<<<<

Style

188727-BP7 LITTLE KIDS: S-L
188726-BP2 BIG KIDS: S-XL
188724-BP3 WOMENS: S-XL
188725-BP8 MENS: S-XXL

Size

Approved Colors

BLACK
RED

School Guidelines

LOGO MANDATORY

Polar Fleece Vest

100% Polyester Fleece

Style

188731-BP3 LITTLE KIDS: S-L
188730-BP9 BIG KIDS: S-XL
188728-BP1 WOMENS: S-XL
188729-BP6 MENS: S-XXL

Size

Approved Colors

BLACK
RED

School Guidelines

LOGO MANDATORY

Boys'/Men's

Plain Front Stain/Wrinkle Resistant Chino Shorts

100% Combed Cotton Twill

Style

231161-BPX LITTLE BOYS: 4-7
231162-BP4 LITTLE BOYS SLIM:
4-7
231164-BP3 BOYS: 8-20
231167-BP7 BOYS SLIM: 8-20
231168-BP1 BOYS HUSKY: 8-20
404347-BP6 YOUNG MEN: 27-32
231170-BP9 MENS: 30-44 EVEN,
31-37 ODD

>>>>
<<<<

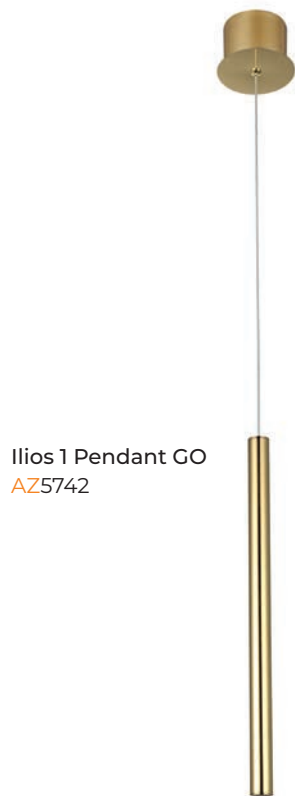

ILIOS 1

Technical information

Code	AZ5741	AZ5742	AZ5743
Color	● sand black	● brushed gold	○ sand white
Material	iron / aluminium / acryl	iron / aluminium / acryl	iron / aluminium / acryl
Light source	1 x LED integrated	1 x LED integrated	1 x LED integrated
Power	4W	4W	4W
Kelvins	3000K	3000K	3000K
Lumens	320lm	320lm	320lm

>>>>

Task directions:
Whenever the word "WOMENS" shows up in a line of the entries above, copy that line.

Response box:
188724-BP3 WOMENS: S-XL
188728-BP1 WOMENS: S-XL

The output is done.